[AVAILABLE DATA Boundary: Start]

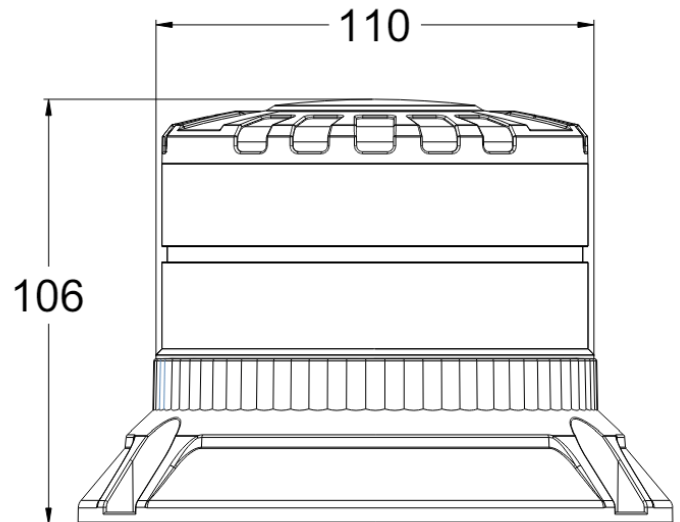

625-DV-OR

Zwaailicht Brightics | LED | 3 puntsbevestiging | 12-24V
| oranje

EAN: 5414184336230

Specificaties

| | |
|----------------------|--|
| Aansluiting | Open kabeleinde |
| Aantal LEDs | 16 |
| Aantal flitspatronen | 3 |
| Bedrijfstemperatuur | -30°C / +50°C |
| Bestelbaar per | 1 |
| Bevestiging | 3 puntsbevestiging |
| Diameter mm | 110 mm |
| ECE R65 Klasse 2 | Ja |
| EMC R10 | Ja |
| Geleverd met | Montageboutjes + dichting |
| Gewicht (kg) | 0,55 Kg |
| Goed om te weten | Licht bevat ook geïntegreerde 'CRUISE' functie |
| Hoogte mm | 106 mm |
| Hoogte range | 70 - 110 mm |

| | |
|------------------|---------------------------------------|
| IP-graad | IP6K9K |
| Kleur | Oranje |
| Kleur LEDs | Oranje |
| Lengte kabel (m) | 0,30 m |
| Lichtbron | LED |
| Materiaal | Aluminium |
| Verbruik 12V Amp | 1,05 Amp gemiddeld - 2,8 Amp maximaal |
| Verbruik 24V Amp | 0,5 Amp gemiddeld - 1,32 Amp maximaal |
| Verpakking | POS verpakking |
| Voeding | 12V - 24V |
| Watt | 32 Watt |
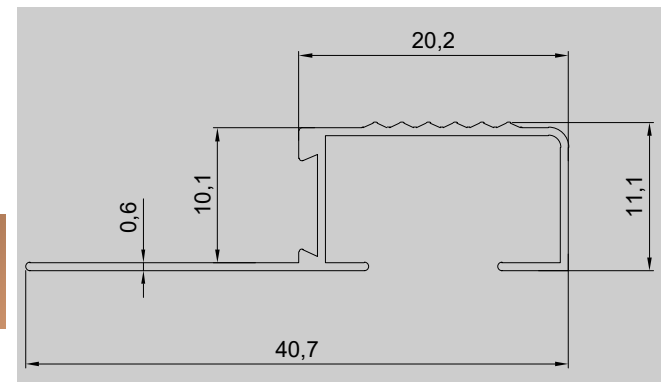

Teknik Çizim / Technical Drawing
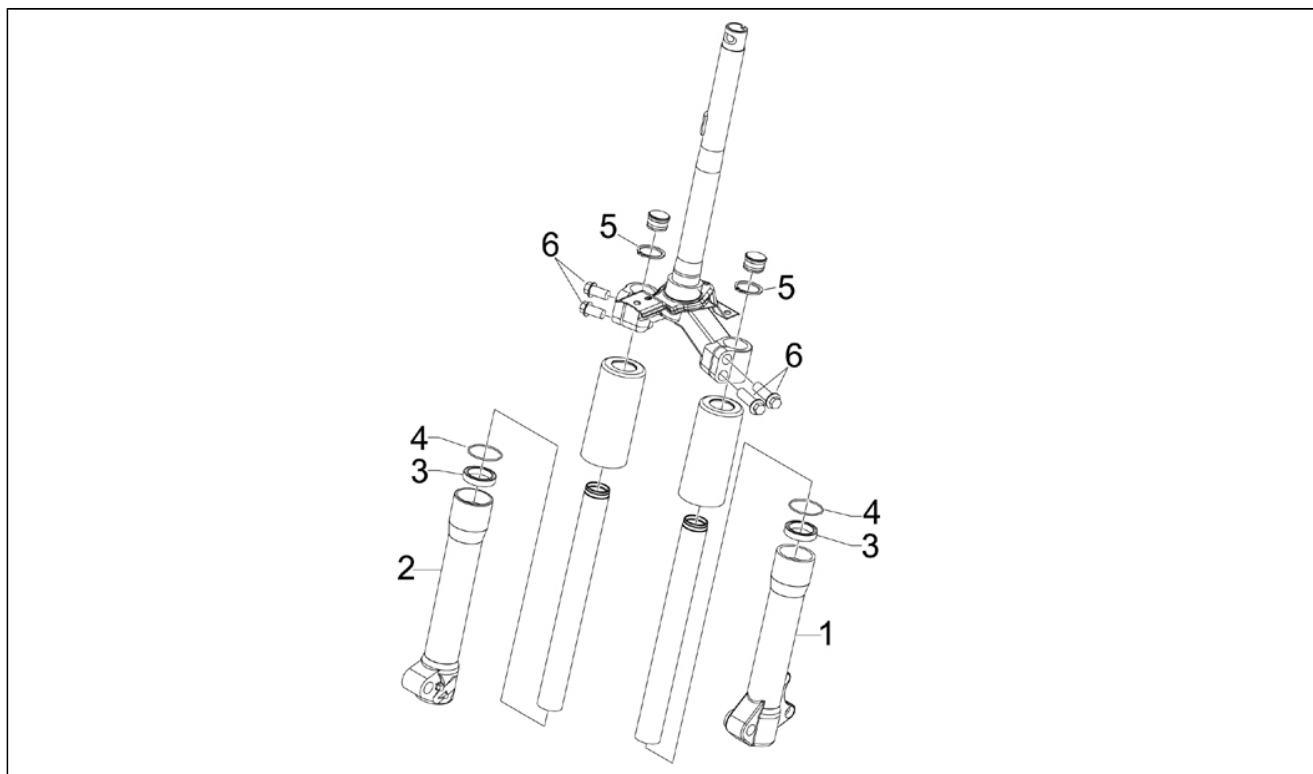

Assembly	Suspensions - Roues
Code	04.05
Description	Composants de la fourche (Wuxi Top)
Revision	1

Pos.	Code	Description	Q.ty	Variants
1	650582	Chemise G	1	
2	650581	Chemise D	1	
3	650568	Huile cloison	2	
4	650569	Bague d'étanchéité	2	
5	650573	Joint torique	2	
6	650432	Vis bride Wuxi top	4
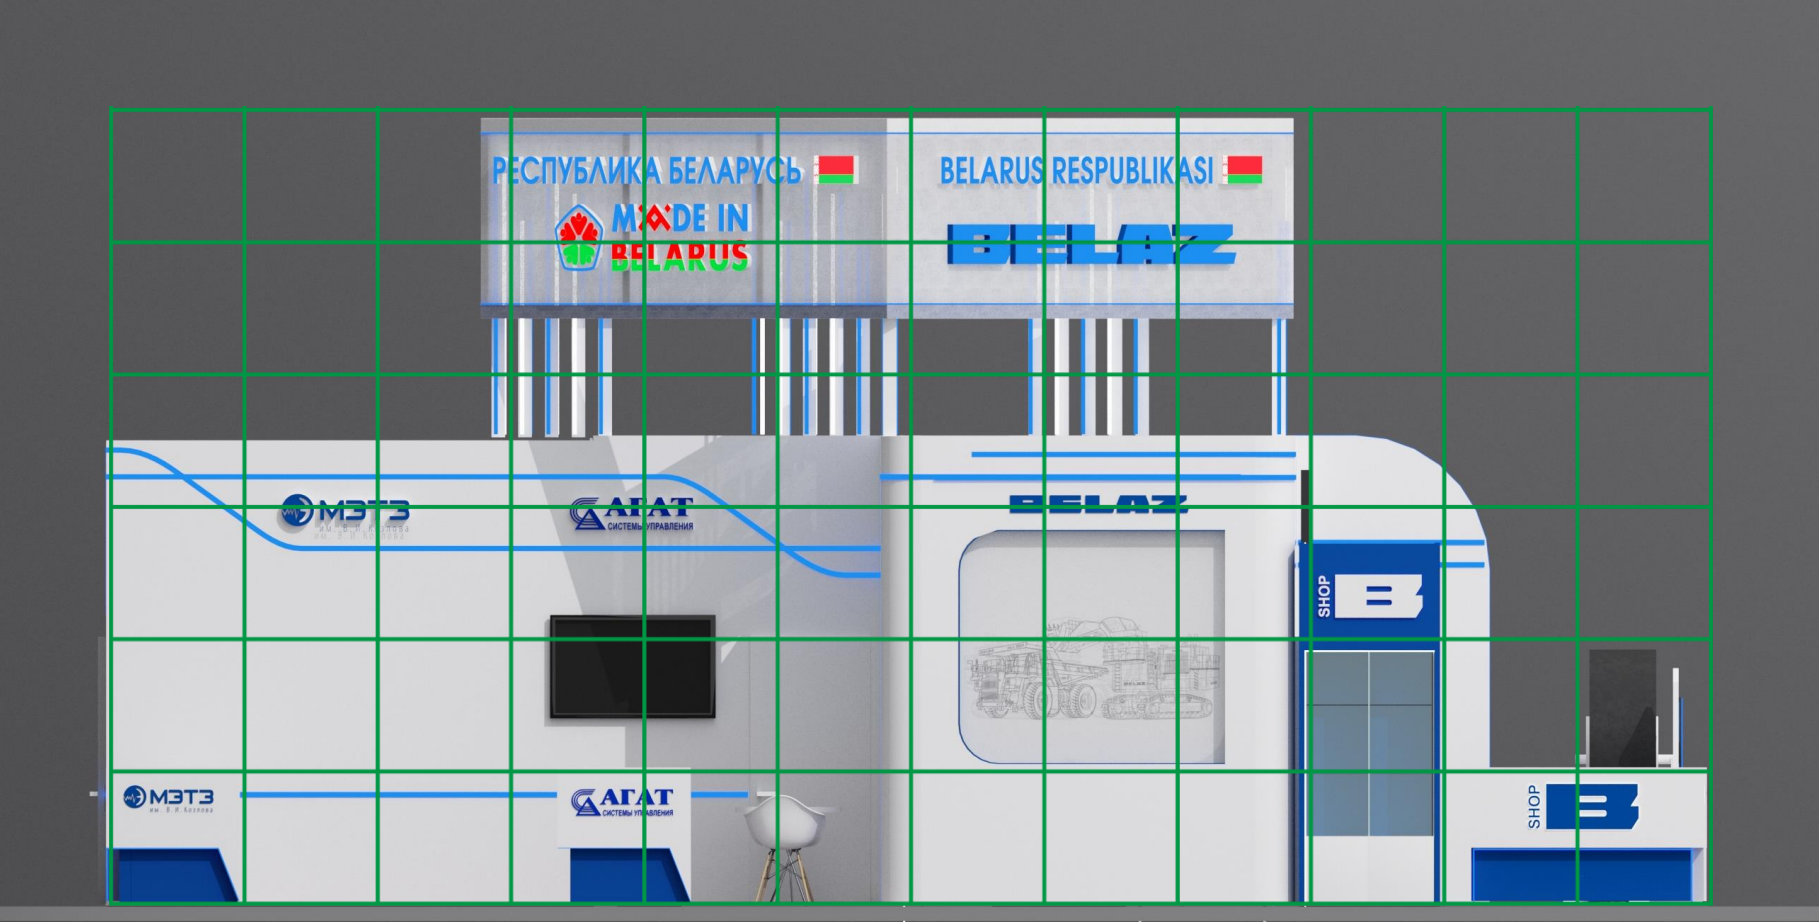

Стены – печать светосерый.

Кондиционер.

Рейки белые глянцевые + белый неон или led лента с рассеивателем

Хромированные полосы серебряная зеркальная лента 4см + белый неон или led лента с рассеивателем

Карта мира с контражурной подсветкой белая глянцевая шириной 1 метр

[AVAILABLE DATA Boundary: End]

◆ TASK REQUIREMENTS: From the entries, count the lines that hold the string "Hoogte". Nothing but the number is needed.

◆ ANSWER SECTION: 2